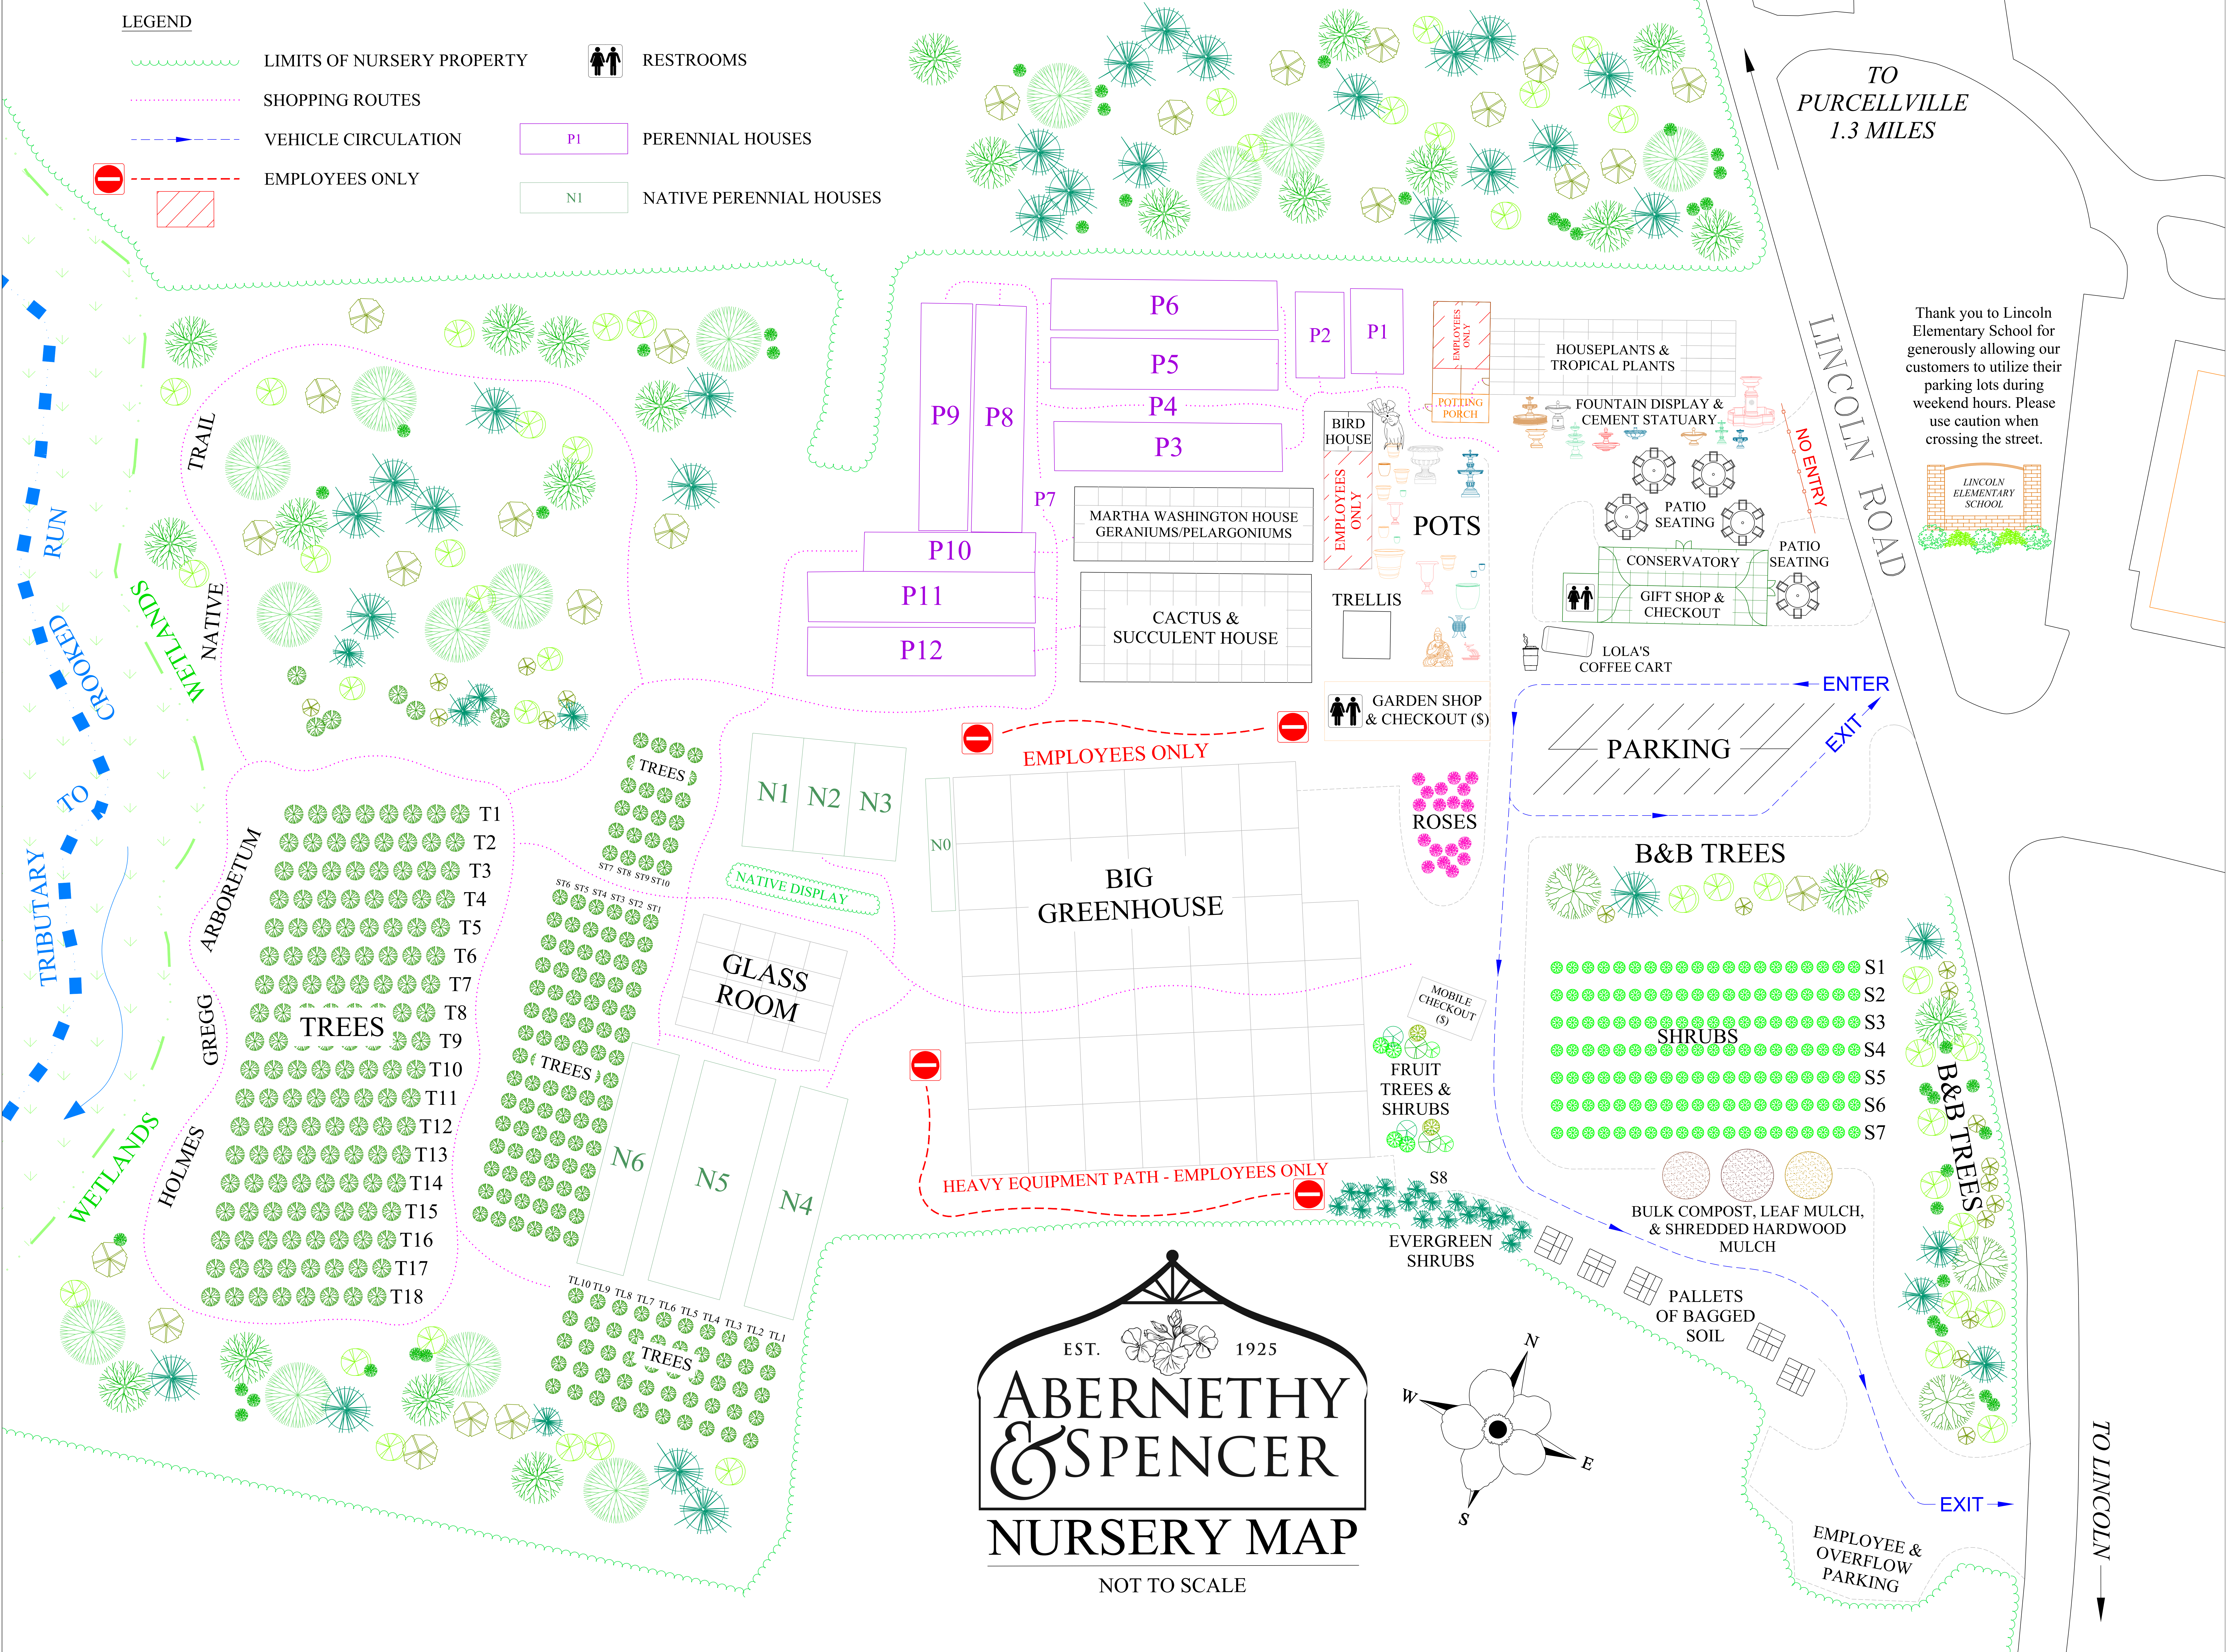

LEGEND

-  LIMITS OF NURSERY PROPERTY
-  SHOPPING ROUTES
-  VEHICLE CIRCULATION
-  EMPLOYEES ONLY
-  EMPLOYEES ONLY
-  RESTROOMS
-  PERENNIAL HOUSES
-  NATIVE PERENNIAL HOUSES

Thank you to Lincoln Elementary School for generously allowing our customers to utilize their parking lots during weekend hours. Please use caution when crossing the street.

EST. 1925
ABERNETHY & SPENCER
NURSERY MAP

NOT TO SCALE
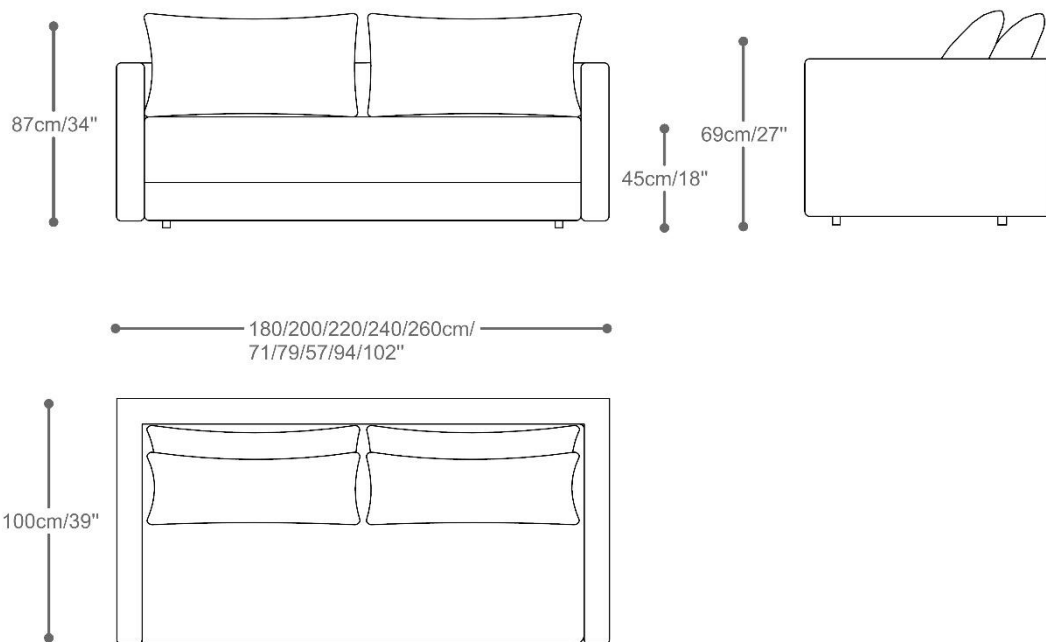

SOFÁ
LAHORE

BRETON

Com 2 braços

Com 1 braço

SOFÁ
LAHORE

BRETON

Sem braço

70/80/90/100/110/120cm/
27/31/35/39/47"

Canto

100cm/
39"

SOFA
LAHORE

BRETON

Chaise com 1 braço

Canto chaise puff terminal

SOFÁ
LAHORE

BRETON
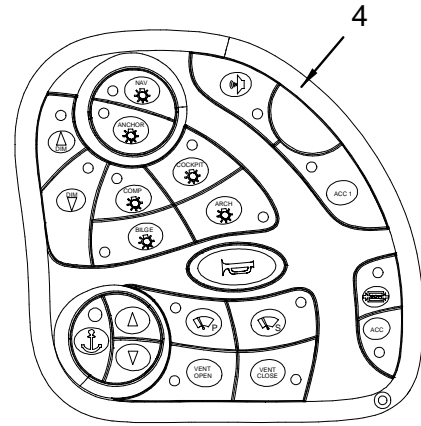

SWITCH PANEL
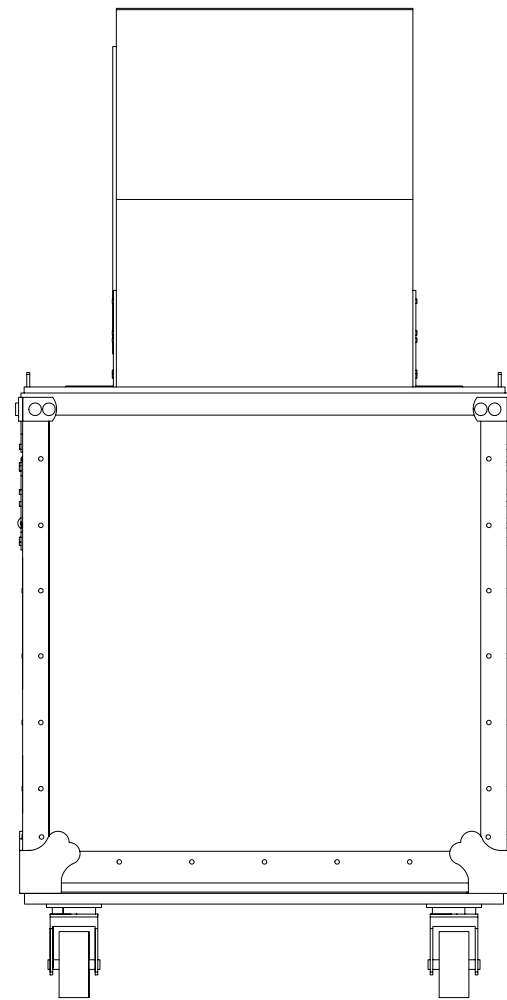

2 SILENT STORM® SS FRONT EL
SCALE: 1 1/2" = 1'-0"

3 SILENT STORM® SS SIDE EL
SCALE: 1 1/2" = 1'-0"

4 SILENT STORM® SS ISO
SCALE: 1 1/2" = 1'-0"

1 SILENT STORM® SS PLAN
SCALE: 1 1/2" = 1'-0"

Artistry in Motion, Inc.®
19411 Londelius Street
Northridge, CA 91324
818.994.7388
confetti@artistryinmotion.com

Title Silent Storm® SS		
Drawing Scale As Noted	Drawn By GvZ	Date 9/5/2024
CAD File Name SilentStormSS.vwx		
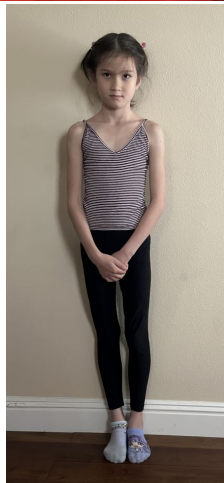

# MPM MODELS

Chelsea Brodsky

Height : 4'6" / 137 cm | Bust : 23.5" / 60 cm | Waist : 20" / 51 cm | Hips : 25" / 64 cm | Shoe : 2.0 US / 1.0 UK | Hair Colour : Brown | Eyes : Brown

# MIPM MODELS

Chelsea Brodsky

Height : 4'6" / 137 cm | Bust : 23.5" / 60 cm | Waist : 20" / 51 cm | Hips : 25" / 64 cm | Shoe : 2.0 US / 1.0 UK | Hair Colour : Brown | Eyes : Brown
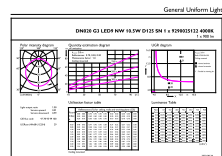

Optical cover/lens finish	Opal
Overall length	140 mm
Overall width	140 mm
Overall height	38 mm
Overall diameter	140 mm
Color	White
Dimensions (Height x Width x Depth)	38 x 140 x 140 mm
Approval and application	
Ingress protection code	IP20 [Finger-protected]
Mech. impact protection code	IK03 [0.3 J]
Initial performance (IEC compliant)	
Initial luminous flux (system flux)	900 lm
Initial LED luminaire efficacy	85.00 lm/W
Init. Corr. Color Temperature	4000 K
Init. Color Rendering Index	80
Initial chromaticity	(0.3818, 0.3797) 6
Initial input power	10.5 W

Order product name	DN020B G3 LED9/NW 10.5W 220-240V D125SNI
EAN/UPC - Product	8718699779795
Order code	929002512217
Numerator - Quantity Per Pack	1
Numerator - Packs per outer box	30
Material Nr. (12NC)	929002512217
Net Weight (Piece)	0.100 kg

Dimensional drawing

DN020B G3 LED9/NW 10.5W 220-240V D125SNI

Photometric data

Downlight DN020 G3 NW 10,5W D125 SNI

Downlight DN020 G3 NW 10,5W D125 SNI

Essential SmartBright LED Downlight

Lifetime

L70B50 20K-LMP
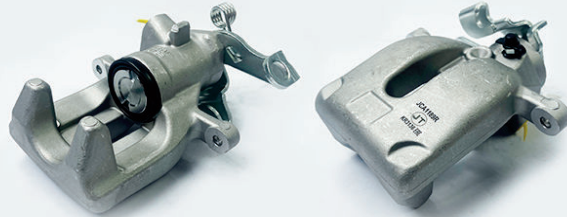

New to Range Calipers January 2022

JCA1189L

POS
R

JCA1189R

POS
R

INFORMATION

LINKED PARTS

APPLICATIONS

Product Type	Handbrake Caliper	CIT145C JCP8018	CITROËN: C4 09-, DS4 11-15 DS: DS4/DS4 Crossback 15-18 PEUGEOT: 308 09-, 308 CC 11-15, 3008 09-16, RCZ 10-15				
Brake System	TRW						
Piston Diameter	38mm						
Leading/Trailing	Trailing						

APEC	BRAKE ENGINEERING	COMLINE	DRI	APEC	BRAKE ENGINEERING	COMLINE	DRI
LCA693	CA3045	CBC385L	4124020	RCA693	CA3045R	CBC385R	4224020
REMY	ROLLING COMPONENTS	SHAFTEC	TRW	REMY	ROLLING COMPONENTS	SHAFTEC	TRW
DC74150	VSBC604L	BC7065	BHN979E	DC74151	VSBC604R	BC7065R	BHN980E
OEM	4401Q0			OEM	4401Q1		

JCA1537L

POS
R

JCA1537R

POS
R

INFORMATION

LINKED PARTS

APPLICATIONS

Product Type	Handbrake Caliper	FOR204 FOR187	JCP8040	JCW280 JCW292	FORD: Transit 13-		
Brake System	Bosch						
Piston Diameter	54mm						
Leading/Trailing	Trailing						
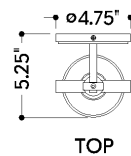

LORIMER

7922-BBR

An elegant capsule-shaped sconce featuring a large opal glossy glass bulb, Lorimer dangles like a lantern over small spaces. It is designed as a feature light or can be hung in multiples along a hallway for maximum impact. Based on your chosen finish, it can appear refined with shiny Aged Brass or industrial with a matte Black Brass finish.

FINISHES

BLACK BRONZE

DIMENSIONS / SPECS

Height: 66"
Width/Diameter: 66"
Length: 66"
Minimum Height: 66"
Maximum Height: 66"
Canopy/Backplate: 4.75"
Hanging Type: 108" Premium Composite Cord
Product Weight: 66lb
Extension: 66"
Top to Center: 66"
Canopy/Backplate Shape: Round
Sloped Ceiling Compatible: No
Living Finish: Yes
Uplight Only: Yes
Min Extension: 66"
Max Extension: 66"

Shade 1: Acrylic
Shade 1 Finish: White
Shade 1 Top Width: 1.75"
Shade 1 Height: 11"
Shade 2: Glass
Shade 2 Finish: Opal Shiny
Shade 2 Top Width: 4"

ELECTRICAL

Bulb 1

Bulb Included: N/A
Socket: Integrated LED
Max Wattage: 8
Bulb Quantity: 1
Wire Length: 500mm
Cord Type: ! New Cord Type
Dimmer Type: Incandescent
Switch Type: ON/OFF STOMP SWITCH
Gem Box Required (2"x3"): Yes
Dark Sky: Yes
CRI: 66
Color Temp.: 66k
Lumens: 66
Title 24: Yes
Field Serviceable: No

Battery

Battery Powered: Yes
Battery Included: Yes
Battery Life: ! New Battery Life !
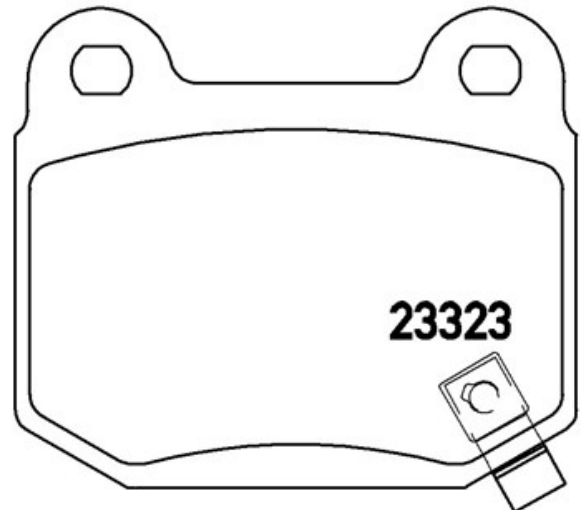

BRAKE PAD

P 56 048

The P 56 048 brake pad is synonymous with reliability

The Brembo brake pad guarantees ultimate safety when braking thanks to the use of more than 100 different compounds, designed according to the type of vehicle and use. Stopping distances reduced to a minimum, maximum driving comfort and silent operation are the most important features of Brembo materials. Brembo brake pads are supplied together with an extensive range of accessories and assembly kits for professional-standard installation.

- ✓ OE-equivalent
- ✓ Brembo quality
- ✓ ECE-R90 certificate
- ✓ Safety
- ✓ Performance
- ✓ Comfort

Technical specifications

EAN code
8020584055281

Axle
Rear

Thickness
14 mm

Width
77 mm

Height
66 mm

Braking system
Brembo

Wear indicator
Acoustic

WVA number
21580,23323

COMPATIBLE VEHICLES

COMPATIBLE OE PART NUMBERS

370230042 MASERATI

980139069 MASERATI

4605A050 MITSUBISHI

4605B928 MITSUBISHI
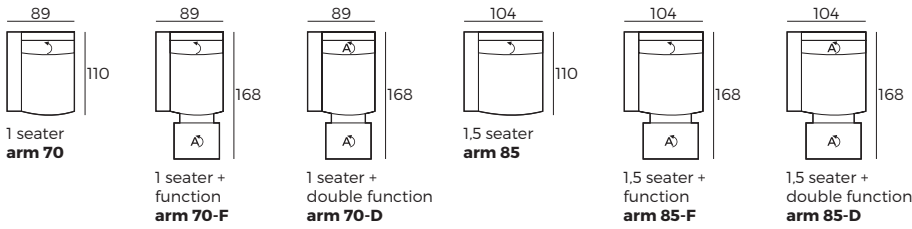

- 1 Manual ↗ / Electrical ⌚
- 2 Electrical ⌚

3. Bi-Colour option

4. Legs

IMPORTANT:

Upholstered furniture is handmade using soft materials, therefore measurements can vary in all modules by up to **+/-2 cm**.
Modules and combinations shown in 2D drawings are left-sided. Modules and combinations can be mirrored from left to right.

Modules

Scale 1:100

Modules

Modules with armrest

Combinations

Accessories

› - manual; Ⓐ - electrical *F - single electric function; *D - double electric function
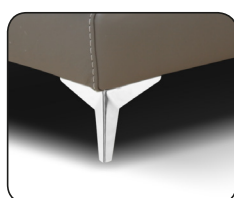

FOOT OPTION 2: STAINLESS STEEL FEET

=====

If a line in the records above contains "HOUSES", copy that line.

-  PERENNIAL HOUSES
-  NATIVE PERENNIAL HOUSES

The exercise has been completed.